= Ernest William Castine =

South Australian farmer and politician (1869–1955)

Ernest William Castine (26 November 1869 – 8 February 1955) was a pastoralist and politician in the State of South Australia.

==History==
Castine was born at "Prospect Cottage", Auburn, the son of Colonel John William Castine (member for Wooroora from 1884 to 1902) and Nannie Castine (née Barkla). He was educated at Riverton Public School and Prince Alfred College. For a time he ran a store in Auburn, then a 1,600 acres property "Penobscot" at Watervale and an 11,000 acres grazing property near Quorn. He was also managing director of Andamooka Pastoral Company running 11,000 sqmi and was partner with Sidney Kidman in Morney Plains Station in Queensland.

==Politics==
He was chairman of the Upper Wakefield District Council in 1932. He was selected by the Liberal and Country League to contest the 1933 Legislative Council election for the Midland district in 1933. He was successful and held the seat unopposed until 1947, when he was dis-endorsed by his Party in favor of D. P. Gordon.
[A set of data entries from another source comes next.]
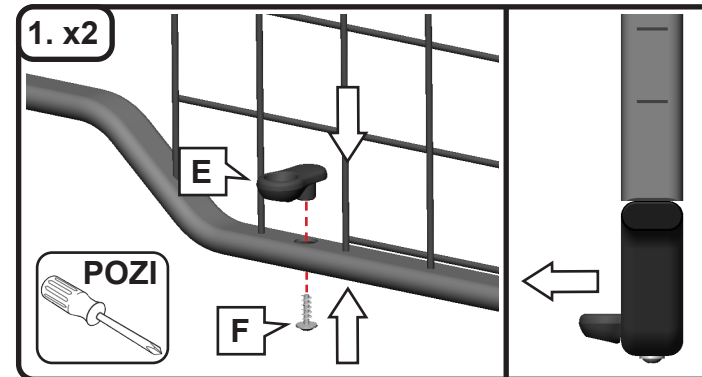

PEUGEOT 308SW

DOG GUARD / GRILLE PROTECTRICE POUR CHIEN / HUNDEGITTER /
RIPARO PER CANI / DEFENSA PARA PERROS / HONDEREK

PEUGEOT 308SW

DOG GUARD / GRILLE PROTECTRICE POUR CHIEN / HUNDEGITTER /
RIPARO PER CANI / DEFENSA PARA PERROS / HONDEREK
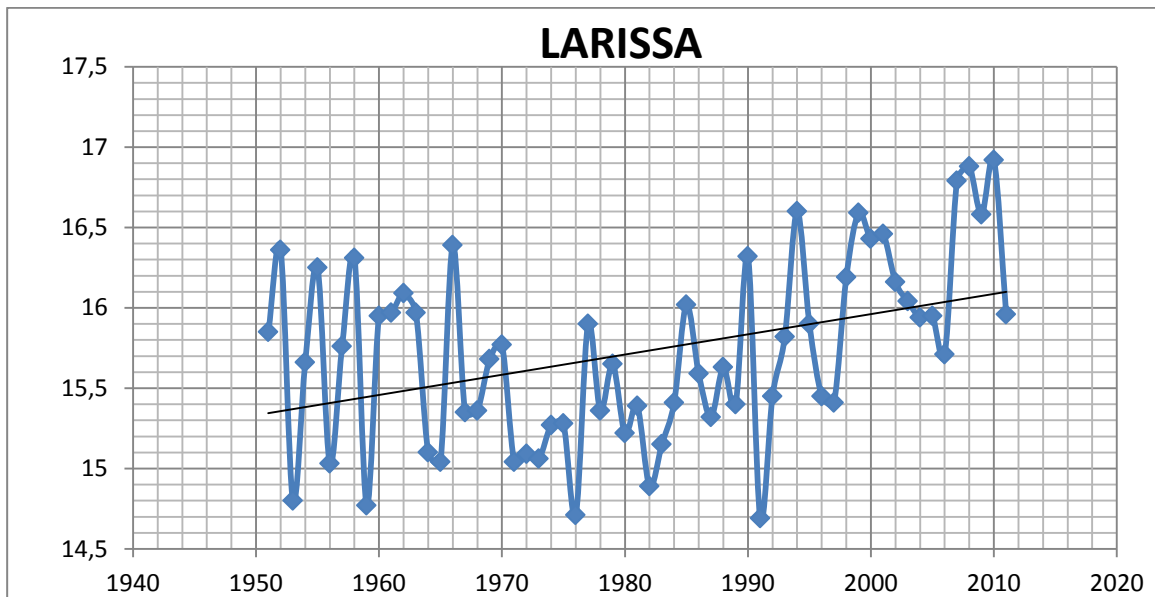

METHONI

SAMOS

THASSALONIKI

GREECE

Temperatures 1950-2011

Temperatures 1950-2011(per decade)
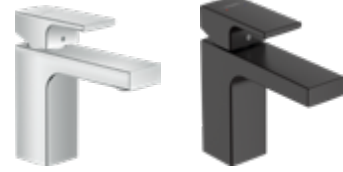

HANS GROHE | VERNIS SHAPE
umývadlová batéria ComfortZone 100
páková, s odpadovou súpravou s tiahom, prietok 5 l / min., výkyvný perlátor AirPower, technológia EcoSmart, 2 farebné prevedenia, záruka 5 rokov*

chróm	71561000	146,88 €	105,80 €
čierna	71561670	205,68 €	148,10 €
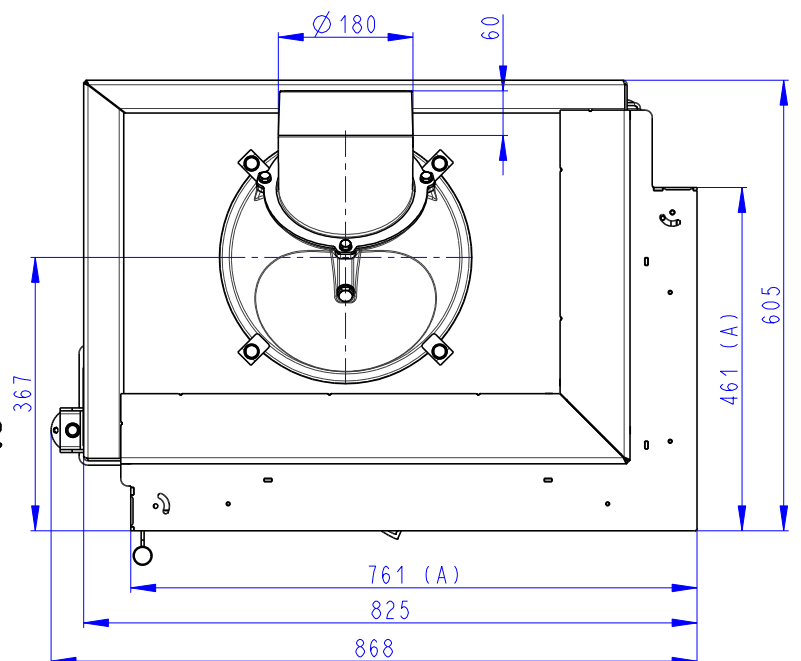

Rozměry v mm
Maße in mm
Dimensions in mm

DYNAMIC R 3G S 72.44.42.21

222 kg

(A) Zastavbovy rozmer / Baumaße / In-built dimension
(C) Centralni privod vzduchu / Central air inlet / Zentralluftzufuhr
(L) Volna plocha proskleni / Free glass area / Freie Glassichtfläche

Rozměry v mm
 Maße in mm
 Dimensions in mm

DYNAMIC R 3G S 72.44.42.21
 + D3 KPL 180
 237 kg

(A) Zastavbovy rozmer / Baumaße / In-built dimension
 (C) Centralni privod vzduchu / Central air inlet / Zentralluftzufuhr

Rozměry v mm
 Maße in mm
 Dimensions in mm

DYNAMIC R 3G S 72.44.42.21
 + D3 PR 200
 231 kg

(A) Zastavbovy rozmer / Baumaße / In-built dimension
 (C) Centralni privod vzduchu / Central air inlet / Zentralluftzufuhr

Rozmery v mm
Maße in mm
Dimensions in mm

DYNAMIC R 3G S 72.44.42.21
+ D3 PR 200 + AKKUM KV 08B

539 kg

(A) Zastavbovy rozmer / Baumaße / In-built dimension
(C) Centralni privod vzduchu / Central air inlet / Zentralluftzufuhr

He nevertheless stood as an Independent, but was defeated at the polls.

==Other interests==
He was secretary of the Northern Agricultural Society, a member of the board of the Clare and District Hospital. He played cricket, golf and bowls, and was president of the Watervale Golf Club, and an active member of the Clare Bowling Club.

==Family==
On 22 April 1891 he married Selma Sobels (28 April 1902 – 28 June 1922) of "Springvale", Watervale.
They lived at "Penobscot" Watervale. He married again, to Miss Serena Amanda Castine Warren (his first cousin) around September 1923 in Rawmarsh, Yorkshire, England.